*** Begin section ***
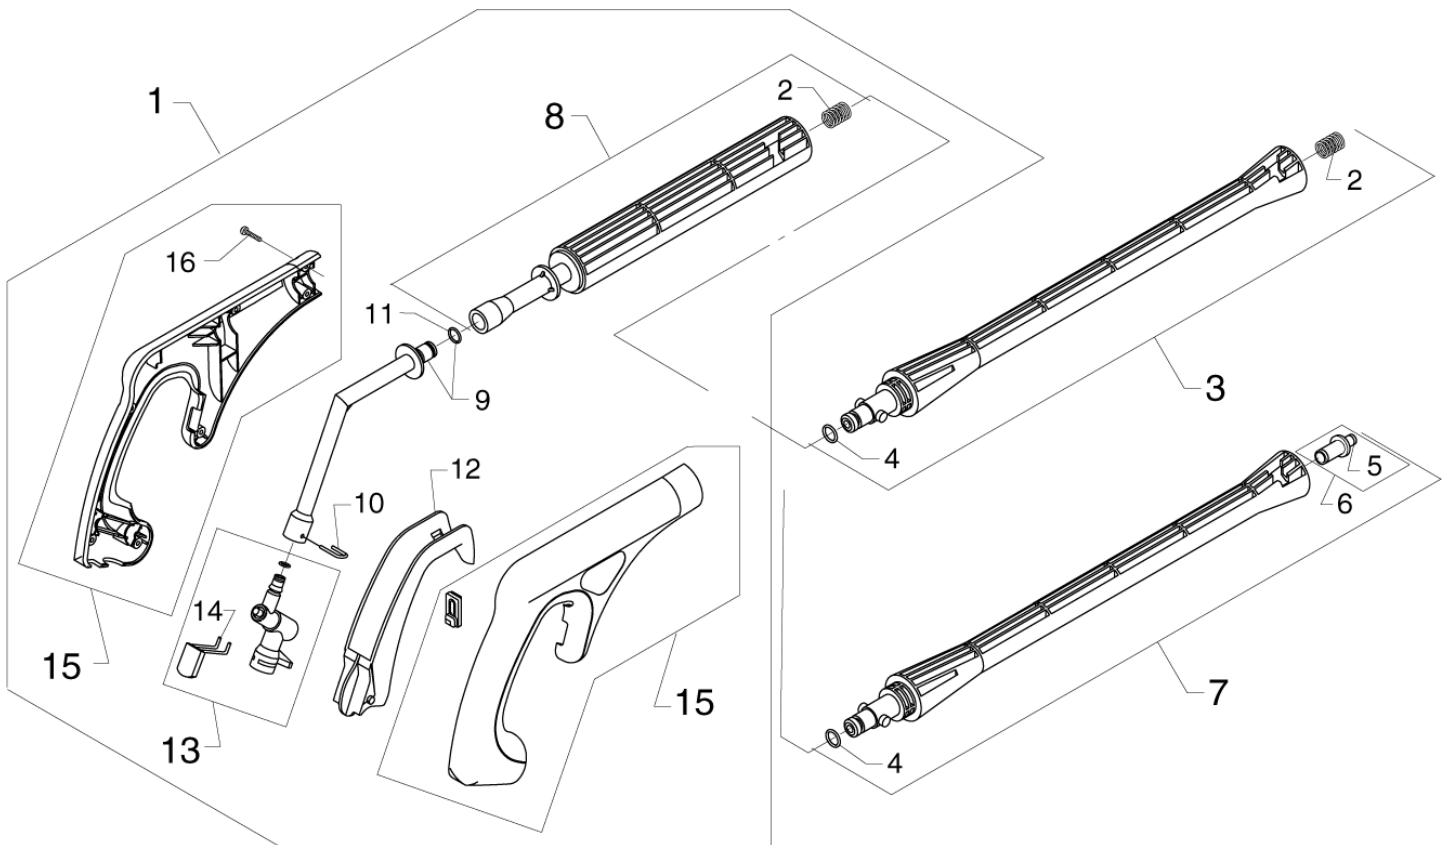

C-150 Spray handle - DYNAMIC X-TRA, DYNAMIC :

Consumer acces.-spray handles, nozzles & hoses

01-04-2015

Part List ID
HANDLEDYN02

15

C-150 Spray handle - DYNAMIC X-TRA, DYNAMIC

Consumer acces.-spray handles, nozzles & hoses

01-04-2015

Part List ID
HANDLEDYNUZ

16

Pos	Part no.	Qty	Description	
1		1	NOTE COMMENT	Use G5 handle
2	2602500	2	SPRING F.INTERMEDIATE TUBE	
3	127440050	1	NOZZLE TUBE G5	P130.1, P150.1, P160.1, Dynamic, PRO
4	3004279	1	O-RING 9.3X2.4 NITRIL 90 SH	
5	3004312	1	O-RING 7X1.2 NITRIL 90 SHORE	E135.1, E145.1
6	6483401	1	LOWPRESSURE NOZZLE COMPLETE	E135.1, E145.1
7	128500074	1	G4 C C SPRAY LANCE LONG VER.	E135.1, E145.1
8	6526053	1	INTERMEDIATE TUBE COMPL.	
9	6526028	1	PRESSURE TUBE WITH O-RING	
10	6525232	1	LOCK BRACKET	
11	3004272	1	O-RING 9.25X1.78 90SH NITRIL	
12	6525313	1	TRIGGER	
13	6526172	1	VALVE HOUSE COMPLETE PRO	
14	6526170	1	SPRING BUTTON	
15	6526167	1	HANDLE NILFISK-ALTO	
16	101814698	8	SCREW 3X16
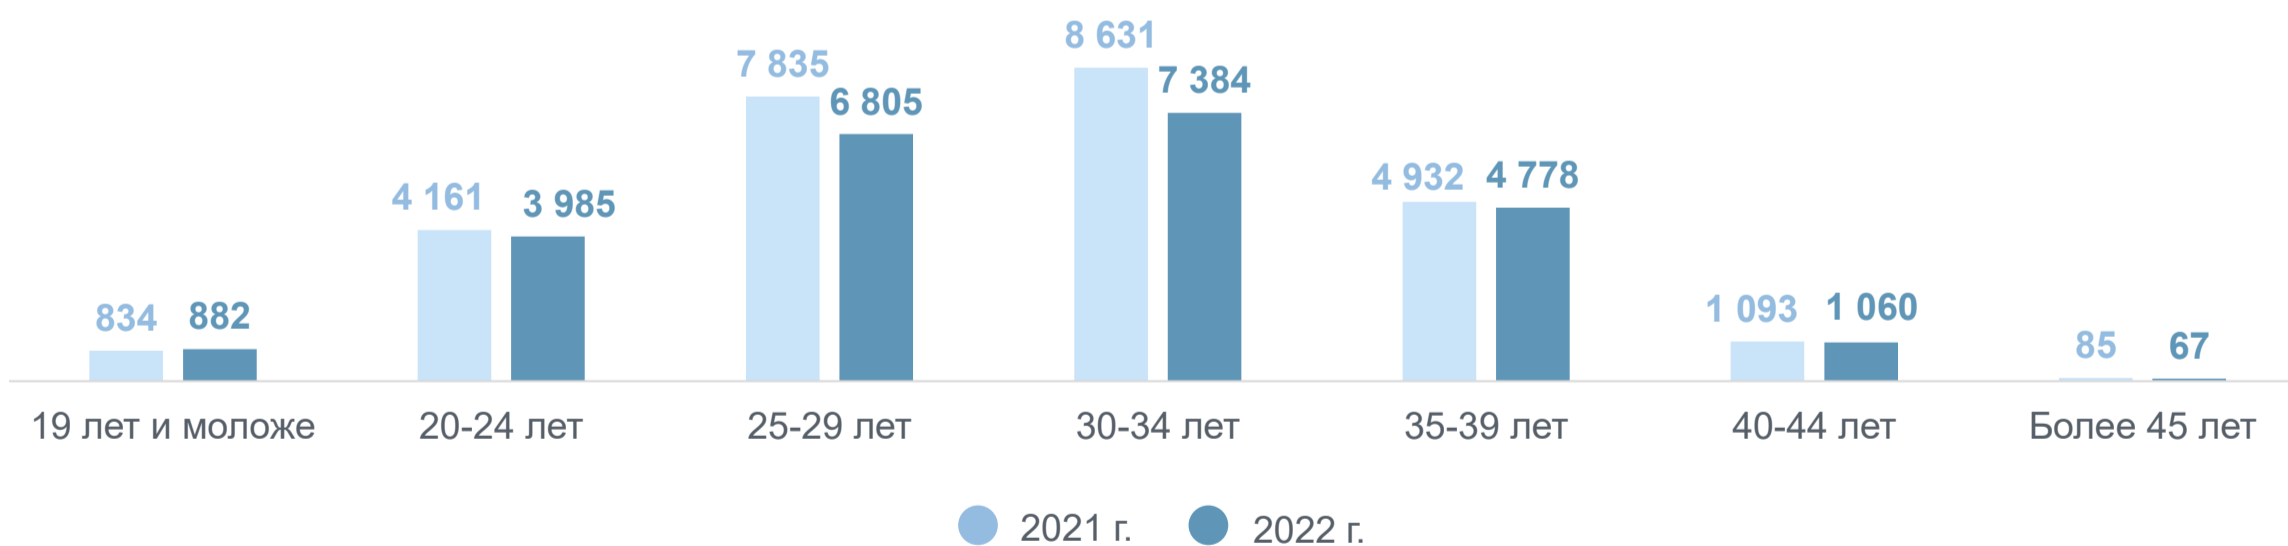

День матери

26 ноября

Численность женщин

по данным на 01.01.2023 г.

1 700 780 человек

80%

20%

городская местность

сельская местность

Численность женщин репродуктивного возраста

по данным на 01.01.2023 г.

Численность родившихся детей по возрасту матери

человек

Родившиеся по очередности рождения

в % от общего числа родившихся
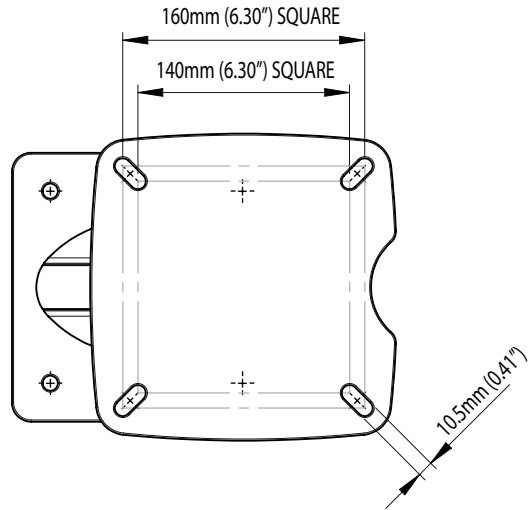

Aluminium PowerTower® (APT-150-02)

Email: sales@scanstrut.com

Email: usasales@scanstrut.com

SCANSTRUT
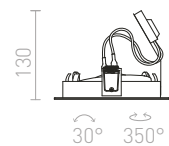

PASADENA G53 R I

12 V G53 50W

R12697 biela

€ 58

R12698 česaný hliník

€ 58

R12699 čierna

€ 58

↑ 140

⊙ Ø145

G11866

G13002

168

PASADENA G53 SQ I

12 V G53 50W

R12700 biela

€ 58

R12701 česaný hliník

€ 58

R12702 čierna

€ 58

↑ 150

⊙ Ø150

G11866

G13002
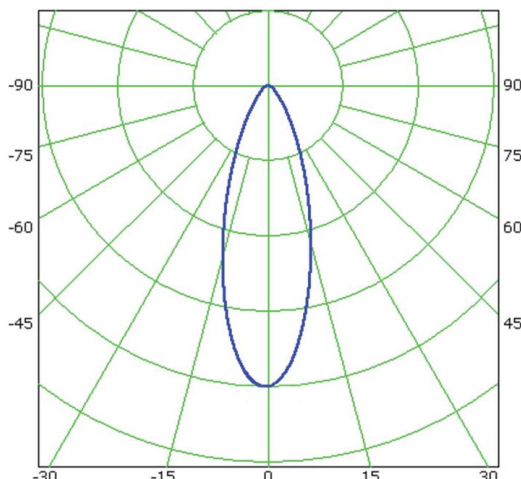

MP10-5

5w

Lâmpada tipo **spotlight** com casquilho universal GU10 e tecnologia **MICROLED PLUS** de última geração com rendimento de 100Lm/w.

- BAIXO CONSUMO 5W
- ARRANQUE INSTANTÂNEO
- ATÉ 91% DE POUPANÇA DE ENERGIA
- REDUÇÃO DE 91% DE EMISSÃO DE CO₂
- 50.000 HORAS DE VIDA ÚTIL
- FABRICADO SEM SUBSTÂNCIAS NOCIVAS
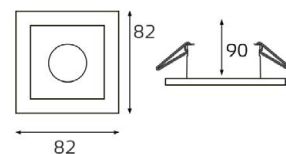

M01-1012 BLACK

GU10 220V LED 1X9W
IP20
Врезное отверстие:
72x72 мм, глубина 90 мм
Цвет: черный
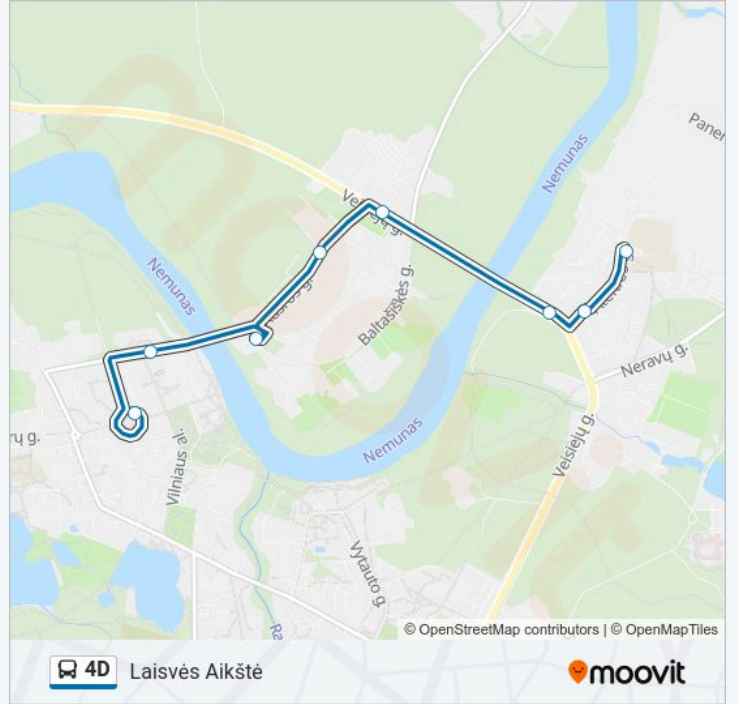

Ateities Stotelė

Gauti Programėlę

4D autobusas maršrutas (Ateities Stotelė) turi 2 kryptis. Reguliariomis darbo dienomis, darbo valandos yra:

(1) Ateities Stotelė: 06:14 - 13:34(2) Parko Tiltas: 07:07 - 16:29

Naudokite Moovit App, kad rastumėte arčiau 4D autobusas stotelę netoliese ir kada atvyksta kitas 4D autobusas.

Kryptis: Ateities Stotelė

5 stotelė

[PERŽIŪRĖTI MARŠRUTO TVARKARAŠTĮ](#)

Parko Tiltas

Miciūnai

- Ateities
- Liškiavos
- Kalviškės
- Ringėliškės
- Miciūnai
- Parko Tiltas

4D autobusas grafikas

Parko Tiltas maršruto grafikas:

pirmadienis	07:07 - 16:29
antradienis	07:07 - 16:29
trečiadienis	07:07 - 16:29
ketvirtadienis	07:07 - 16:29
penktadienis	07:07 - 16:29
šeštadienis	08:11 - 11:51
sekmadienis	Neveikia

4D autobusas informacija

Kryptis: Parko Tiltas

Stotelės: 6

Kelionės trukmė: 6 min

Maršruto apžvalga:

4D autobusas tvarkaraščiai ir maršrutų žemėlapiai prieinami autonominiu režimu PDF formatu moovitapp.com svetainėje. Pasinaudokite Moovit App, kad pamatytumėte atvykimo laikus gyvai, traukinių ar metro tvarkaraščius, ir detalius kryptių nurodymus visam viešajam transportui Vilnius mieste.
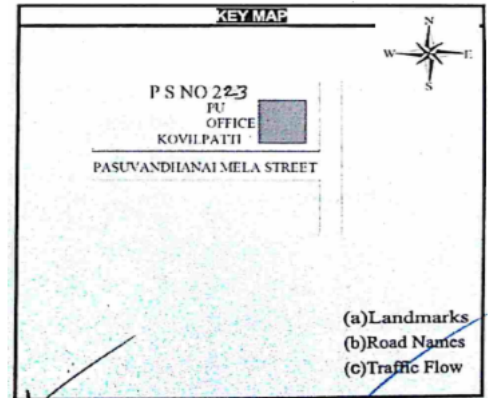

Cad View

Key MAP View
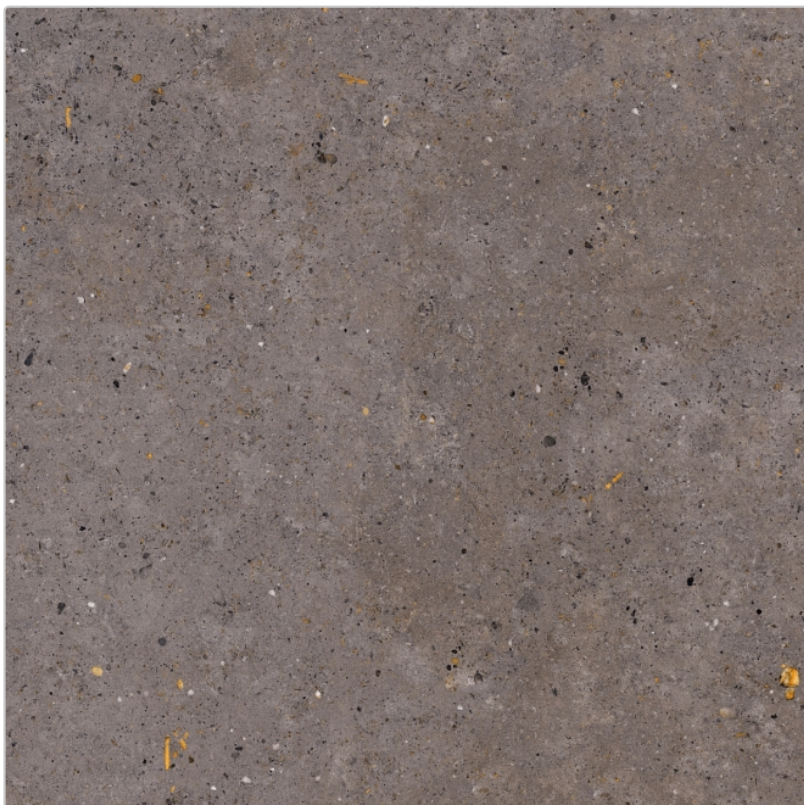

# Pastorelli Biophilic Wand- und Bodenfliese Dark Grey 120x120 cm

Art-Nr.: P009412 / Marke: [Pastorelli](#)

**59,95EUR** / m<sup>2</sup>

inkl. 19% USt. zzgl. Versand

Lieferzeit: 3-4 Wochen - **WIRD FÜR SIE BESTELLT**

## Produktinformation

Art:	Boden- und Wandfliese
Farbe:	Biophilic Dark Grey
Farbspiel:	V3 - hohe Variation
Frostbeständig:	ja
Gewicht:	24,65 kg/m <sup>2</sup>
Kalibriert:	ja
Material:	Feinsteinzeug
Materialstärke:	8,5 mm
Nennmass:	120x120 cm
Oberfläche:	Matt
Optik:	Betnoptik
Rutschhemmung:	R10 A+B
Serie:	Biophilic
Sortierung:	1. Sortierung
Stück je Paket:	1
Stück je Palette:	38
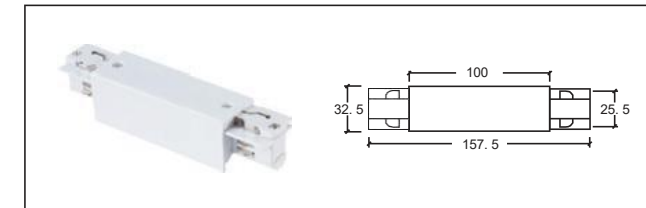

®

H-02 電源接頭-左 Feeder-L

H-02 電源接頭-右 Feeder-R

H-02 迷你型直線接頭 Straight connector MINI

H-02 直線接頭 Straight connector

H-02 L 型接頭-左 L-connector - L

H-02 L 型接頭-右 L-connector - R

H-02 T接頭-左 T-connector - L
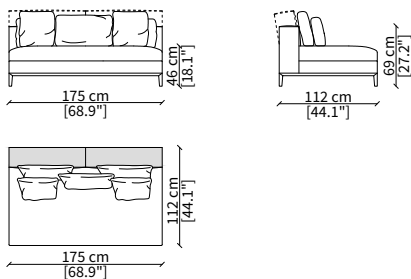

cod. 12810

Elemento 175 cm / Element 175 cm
*** End section ***
:: How to complete this task ::
Copy each line of the records above that carries the word "Pastorelli".

:: Task response ::
# Pastorelli Biophilic Wand- und Bodenfliese Dark Grey 120x120 cm
Art-Nr.: P009412 / Marke: [Pastorelli](#)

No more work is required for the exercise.